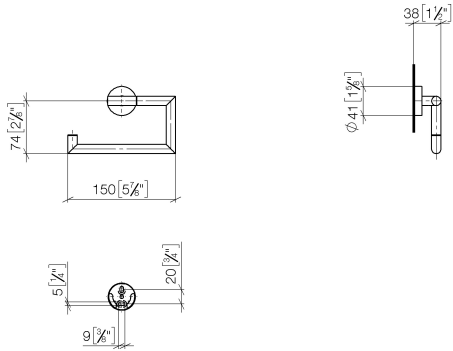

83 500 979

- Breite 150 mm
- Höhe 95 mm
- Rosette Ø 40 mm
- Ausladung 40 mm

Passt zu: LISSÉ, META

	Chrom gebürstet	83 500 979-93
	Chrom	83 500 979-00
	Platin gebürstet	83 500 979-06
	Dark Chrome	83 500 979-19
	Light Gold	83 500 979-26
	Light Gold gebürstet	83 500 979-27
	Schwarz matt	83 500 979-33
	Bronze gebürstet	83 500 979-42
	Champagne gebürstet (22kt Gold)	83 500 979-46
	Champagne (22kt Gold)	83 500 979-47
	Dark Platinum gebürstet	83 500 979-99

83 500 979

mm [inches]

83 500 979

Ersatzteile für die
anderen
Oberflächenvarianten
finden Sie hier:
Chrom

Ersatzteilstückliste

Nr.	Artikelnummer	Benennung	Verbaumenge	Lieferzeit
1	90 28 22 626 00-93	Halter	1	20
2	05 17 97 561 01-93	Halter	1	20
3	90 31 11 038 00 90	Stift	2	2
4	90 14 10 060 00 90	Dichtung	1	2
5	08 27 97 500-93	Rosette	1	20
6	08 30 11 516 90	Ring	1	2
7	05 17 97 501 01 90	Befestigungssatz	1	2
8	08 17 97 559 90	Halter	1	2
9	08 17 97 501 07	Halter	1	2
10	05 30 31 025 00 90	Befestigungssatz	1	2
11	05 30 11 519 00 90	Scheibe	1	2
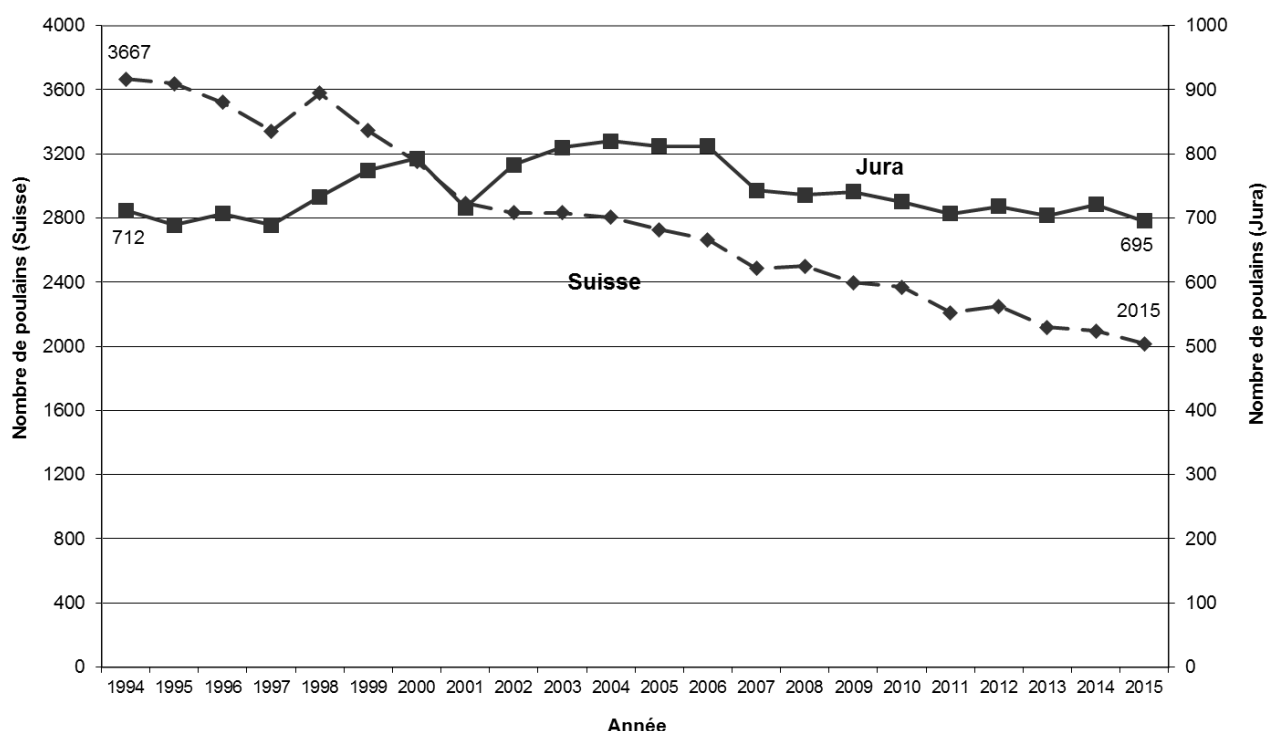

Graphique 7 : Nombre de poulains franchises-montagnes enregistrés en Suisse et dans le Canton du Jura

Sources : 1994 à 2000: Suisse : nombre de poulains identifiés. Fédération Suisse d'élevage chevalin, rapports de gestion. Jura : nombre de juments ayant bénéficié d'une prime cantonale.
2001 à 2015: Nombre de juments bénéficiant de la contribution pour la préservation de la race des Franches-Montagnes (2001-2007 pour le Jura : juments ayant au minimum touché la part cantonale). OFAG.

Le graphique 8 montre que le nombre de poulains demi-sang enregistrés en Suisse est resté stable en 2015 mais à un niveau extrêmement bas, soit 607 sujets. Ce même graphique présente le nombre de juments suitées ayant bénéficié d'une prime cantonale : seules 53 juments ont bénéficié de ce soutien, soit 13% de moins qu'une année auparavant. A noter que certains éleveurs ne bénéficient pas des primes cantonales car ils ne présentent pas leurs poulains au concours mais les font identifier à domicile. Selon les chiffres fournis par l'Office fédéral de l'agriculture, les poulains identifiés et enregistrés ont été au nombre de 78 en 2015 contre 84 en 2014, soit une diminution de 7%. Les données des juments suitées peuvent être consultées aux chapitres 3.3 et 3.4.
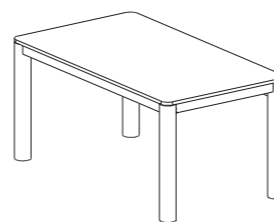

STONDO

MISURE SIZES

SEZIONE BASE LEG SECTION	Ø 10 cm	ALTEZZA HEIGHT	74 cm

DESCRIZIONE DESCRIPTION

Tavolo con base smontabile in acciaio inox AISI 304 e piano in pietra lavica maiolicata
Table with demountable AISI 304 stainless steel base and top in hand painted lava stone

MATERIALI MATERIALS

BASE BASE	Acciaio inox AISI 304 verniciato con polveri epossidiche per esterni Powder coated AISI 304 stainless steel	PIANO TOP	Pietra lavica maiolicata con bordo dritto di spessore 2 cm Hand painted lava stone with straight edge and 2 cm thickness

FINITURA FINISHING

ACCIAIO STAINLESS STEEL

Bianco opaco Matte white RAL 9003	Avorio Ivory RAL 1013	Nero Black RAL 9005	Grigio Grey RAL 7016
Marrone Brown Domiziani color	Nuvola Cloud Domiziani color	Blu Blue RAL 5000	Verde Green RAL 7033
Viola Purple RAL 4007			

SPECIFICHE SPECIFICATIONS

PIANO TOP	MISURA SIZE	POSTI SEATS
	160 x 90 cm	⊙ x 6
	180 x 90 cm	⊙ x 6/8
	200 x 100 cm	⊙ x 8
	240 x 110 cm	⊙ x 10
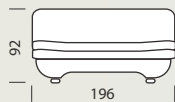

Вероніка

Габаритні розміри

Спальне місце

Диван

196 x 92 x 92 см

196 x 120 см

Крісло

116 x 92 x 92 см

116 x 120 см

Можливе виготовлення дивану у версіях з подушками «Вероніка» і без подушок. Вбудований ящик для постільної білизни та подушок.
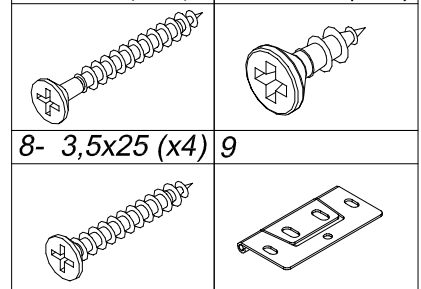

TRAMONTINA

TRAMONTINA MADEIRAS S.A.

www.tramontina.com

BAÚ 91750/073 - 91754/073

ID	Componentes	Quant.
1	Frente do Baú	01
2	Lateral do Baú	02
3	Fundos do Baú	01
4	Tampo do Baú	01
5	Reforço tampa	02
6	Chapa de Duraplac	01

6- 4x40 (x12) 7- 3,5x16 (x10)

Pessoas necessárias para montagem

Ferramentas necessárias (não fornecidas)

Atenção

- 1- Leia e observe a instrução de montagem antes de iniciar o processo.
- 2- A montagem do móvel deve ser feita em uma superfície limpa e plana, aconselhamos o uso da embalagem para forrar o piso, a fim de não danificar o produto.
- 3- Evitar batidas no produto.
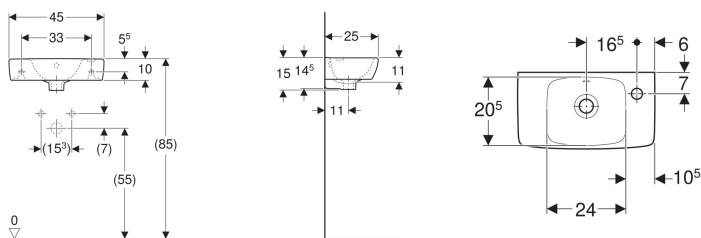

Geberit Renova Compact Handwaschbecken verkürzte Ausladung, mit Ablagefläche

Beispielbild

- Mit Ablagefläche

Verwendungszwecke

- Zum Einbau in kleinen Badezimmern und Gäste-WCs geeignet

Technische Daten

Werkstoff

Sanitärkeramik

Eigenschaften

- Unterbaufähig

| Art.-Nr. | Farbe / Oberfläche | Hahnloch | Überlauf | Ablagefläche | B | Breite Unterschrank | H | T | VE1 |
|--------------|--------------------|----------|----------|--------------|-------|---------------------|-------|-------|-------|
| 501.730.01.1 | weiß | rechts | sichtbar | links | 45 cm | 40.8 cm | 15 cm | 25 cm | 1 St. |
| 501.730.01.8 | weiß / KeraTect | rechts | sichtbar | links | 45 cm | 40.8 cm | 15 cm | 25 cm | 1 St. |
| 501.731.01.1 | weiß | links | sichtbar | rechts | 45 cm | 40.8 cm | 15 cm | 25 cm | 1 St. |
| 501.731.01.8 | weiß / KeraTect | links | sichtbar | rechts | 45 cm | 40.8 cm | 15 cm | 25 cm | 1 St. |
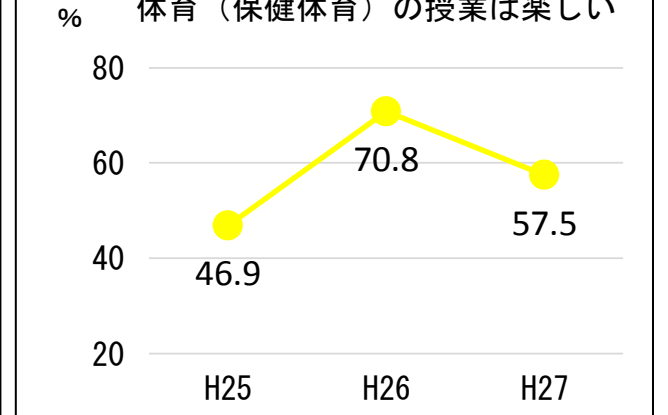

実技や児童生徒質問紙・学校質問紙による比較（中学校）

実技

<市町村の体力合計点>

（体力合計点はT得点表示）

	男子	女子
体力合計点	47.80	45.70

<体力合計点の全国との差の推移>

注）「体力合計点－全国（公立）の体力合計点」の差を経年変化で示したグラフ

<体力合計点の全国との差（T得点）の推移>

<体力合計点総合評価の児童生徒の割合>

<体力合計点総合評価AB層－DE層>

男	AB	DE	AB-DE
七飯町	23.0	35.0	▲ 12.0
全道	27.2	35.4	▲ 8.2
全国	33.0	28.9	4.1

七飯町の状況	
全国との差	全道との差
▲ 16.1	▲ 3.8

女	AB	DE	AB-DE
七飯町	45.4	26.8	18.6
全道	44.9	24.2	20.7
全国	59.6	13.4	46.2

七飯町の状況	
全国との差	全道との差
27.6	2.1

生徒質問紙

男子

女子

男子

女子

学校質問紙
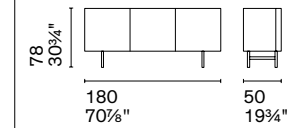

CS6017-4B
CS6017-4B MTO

::::::

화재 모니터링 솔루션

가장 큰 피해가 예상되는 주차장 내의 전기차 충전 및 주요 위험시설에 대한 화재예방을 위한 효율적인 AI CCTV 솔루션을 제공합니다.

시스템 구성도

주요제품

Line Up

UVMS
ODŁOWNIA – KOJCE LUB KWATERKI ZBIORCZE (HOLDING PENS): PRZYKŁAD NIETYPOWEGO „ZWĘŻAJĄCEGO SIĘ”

::::::

**Work to complete:** Using the records above, return word for word the lines that begin at the one containing "MATERIALI MATERIALS" and end at the one containing "- Unterbaufähig", both of them included and no pictures.

**Response area:**
MATERIALI MATERIALS

BASE BASE	Acciaio inox AISI 304 verniciato con polveri epossidiche per esterni Powder coated AISI 304 stainless steel	PIANO TOP	Pietra lavica maiolicata con bordo dritto di spessore 2 cm Hand painted lava stone with straight edge and 2 cm thickness

FINITURA FINISHING

ACCIAIO STAINLESS STEEL

Bianco opaco Matte white RAL 9003	Avorio Ivory RAL 1013	Nero Black RAL 9005	Grigio Grey RAL 7016
Marrone Brown Domiziani color	Nuvola Cloud Domiziani color	Blu Blue RAL 5000	Verde Green RAL 7033
Viola Purple RAL 4007			

SPECIFICHE SPECIFICATIONS

PIANO TOP	MISURA SIZE	POSTI SEATS
	160 x 90 cm	⊙ x 6
	180 x 90 cm	⊙ x 6/8
	200 x 100 cm	⊙ x 8
	240 x 110 cm	⊙ x 10

Вероніка

Габаритні розміри

Спальне місце

Диван

196 x 92 x 92 см

196 x 120 см

Крісло

116 x 92 x 92 см

116 x 120 см

Можливе виготовлення дивану у версіях з подушками «Вероніка» і без подушок. Вбудований ящик для постільної білизни та подушок.

TRAMONTINA

TRAMONTINA MADEIRAS S.A.

www.tramontina.com

BAÚ 91750/073 - 91754/073

ID	Componentes	Quant.
1	Frente do Baú	01
2	Lateral do Baú	02
3	Fundos do Baú	01
4	Tampo do Baú	01
5	Reforço tampa	02
6	Chapa de Duraplac	01

6- 4x40 (x12) 7- 3,5x16 (x10)

Pessoas necessárias para montagem

Ferramentas necessárias (não fornecidas)

Atenção

- 1- Leia e observe a instrução de montagem antes de iniciar o processo.
- 2- A montagem do móvel deve ser feita em uma superfície limpa e plana, aconselhamos o uso da embalagem para forrar o piso, a fim de não danificar o produto.
- 3- Evitar batidas no produto.

Geberit Renova Compact Handwaschbecken verkürzte Ausladung, mit Ablagefläche

Beispielbild

- Mit Ablagefläche

Verwendungszwecke

- Zum Einbau in kleinen Badezimmern und Gäste-WCs geeignet

Technische Daten

Werkstoff

Sanitärkeramik

Eigenschaften

- Unterbaufähig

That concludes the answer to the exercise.